Базаров поморщился. В маленькой и невзрачной фигурке эманципированной женщины не было ничего безобразного; но выражение ее лица неприятно действовало на зрителя. Невольно хотелось спросить у ней: «Что ты, голодна? Или скучаешь? Или робеешь? Чего ты пружишься?» И у ней, как у Ситникова, вечно скребло на душе.
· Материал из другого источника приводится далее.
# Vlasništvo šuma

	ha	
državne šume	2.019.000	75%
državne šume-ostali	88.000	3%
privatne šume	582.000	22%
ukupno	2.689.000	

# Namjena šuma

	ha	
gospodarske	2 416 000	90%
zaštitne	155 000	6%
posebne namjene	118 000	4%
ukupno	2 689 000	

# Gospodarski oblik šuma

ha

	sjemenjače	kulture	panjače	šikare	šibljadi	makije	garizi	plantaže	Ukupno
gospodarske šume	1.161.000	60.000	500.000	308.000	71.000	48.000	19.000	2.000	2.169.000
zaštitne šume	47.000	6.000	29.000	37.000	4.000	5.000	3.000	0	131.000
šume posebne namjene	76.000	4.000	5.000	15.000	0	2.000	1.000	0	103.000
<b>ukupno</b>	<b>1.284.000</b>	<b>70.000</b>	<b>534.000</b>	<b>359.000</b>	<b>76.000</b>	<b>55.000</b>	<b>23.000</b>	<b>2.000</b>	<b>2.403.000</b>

Она говорила и двигалась очень развязно и в то же время неловко: она, очевидно, сама себя считала за добродушное и простое существо, и между тем что бы она ни делала, вам постоянно казалось, что она именно это-то и не хотела сделать; все у ней выходило, как дети говорят, – нарочно, то есть не просто, не естественно.
– Да, да, я знаю вас, Базаров, – повторила она. (За ней водилась привычка, свойственная многим провинциальным и московским дамам, – с первого дня знакомства звать мужчин по фамилии. ) – Хотите сигару?
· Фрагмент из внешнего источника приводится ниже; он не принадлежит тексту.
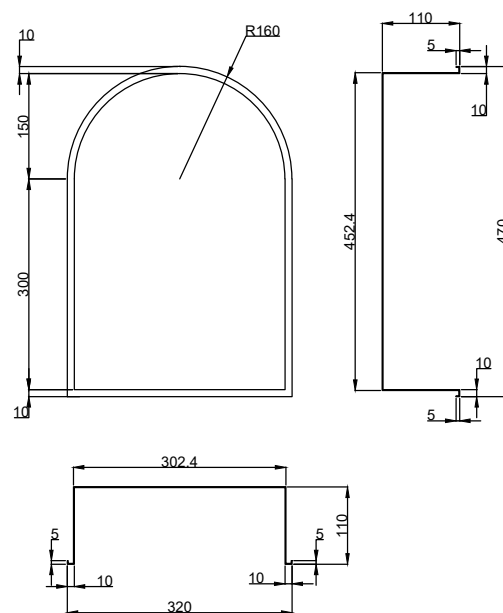

BOX120L

BOW30L

BOX120L

- IX WH
  € 510,-
- BBP BCP BGP MBP
  € 530,-
- TB
  € 580,-

BOW30L

- IX WH
  € 430,-
- BBP BCP BGP MBP
  € 450,-
- TB
  € 480,-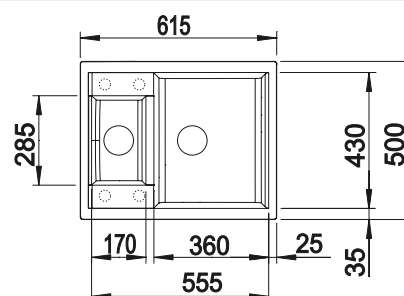

Dessin technique

R8

○ trou pré-perforé à défoncer
Profondeur 190/130 mm

Acc. supplémentaires

Planche à découper en hêtre massif

218 313
€ 116,00

Planche à découper en plastique blanc de qualité

217 611
€ 132,00

Cuvette multifonctions en inox

217 796
€ 139,00

BLANCO UNIT avec BLANCO METRA 6

BLANCO LINUS-S

voir page 377

BLANCO SELECT II 60/3

voir page 425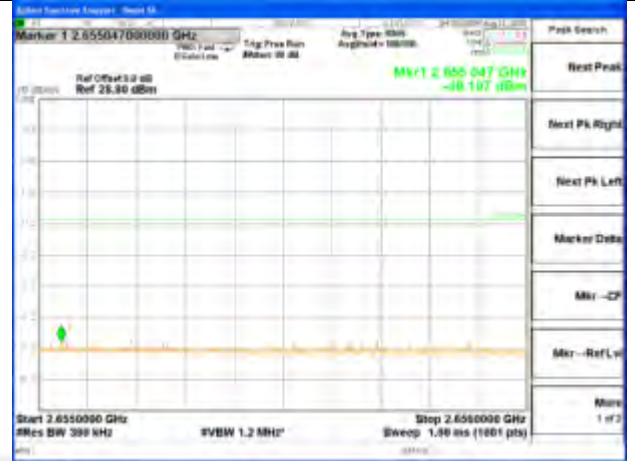

2525-2540.5MHz

2540.5-2545MHz

2545-2555MHz

2555-2576MHz

LTE band 41

LTE band 41 / 20MHz /QPSK Highest Band Edge / 1 RB

2630-2655MHz

2655-2656MHz

– Сигарку сигаркой, – подхватил Ситников, который успел развалиться в креслах и задрать ногу кверху, – а дайте-ка нам позавтракать, мы голодны ужасно; да велите нам воздвигнуть бутылочку шампанского.
– Сибарит, – промолвила Евдоксия и засмеялась. (Когда она смеялась, ее верхняя десна обнажалась над зубами.) – Не правда ли, Базаров, он сибарит?
– Я люблю комфорт жизни, – произнес с важностию Ситников. – Это не мешает мне быть либералом.
– Нет, это мешает, мешает! – воскликнула Евдоксия и приказала, однако, своей прислужнице распорядиться и насчет завтрака, и насчет шампанского. – Как вы об этом думаете? – прибавила она, обращаясь к Базарову. – Я уверена, вы разделяете мое мнение.
– Ну нет, – возразил Базаров, – кусок мяса лучше куска хлеба, даже с химической точки зрения.
– А вы занимаетесь химией? Это моя страсть. Я даже сама выдумала одну мастику.
– Мастику? вы?
– Да, я. И знаете ли, с какою целью? Куклы делать, головки, чтобы не ломались. Я ведь тоже практическая. Но все еще не готово. Нужно еще Либиха почитать. Кстати, читали вы статью Кислякова о женском труде в «Московских ведомостях»? Прочтите, пожалуйста. Ведь вас интересует женский вопрос? И школы тоже? Чем ваш приятель занимается? Как его зовут?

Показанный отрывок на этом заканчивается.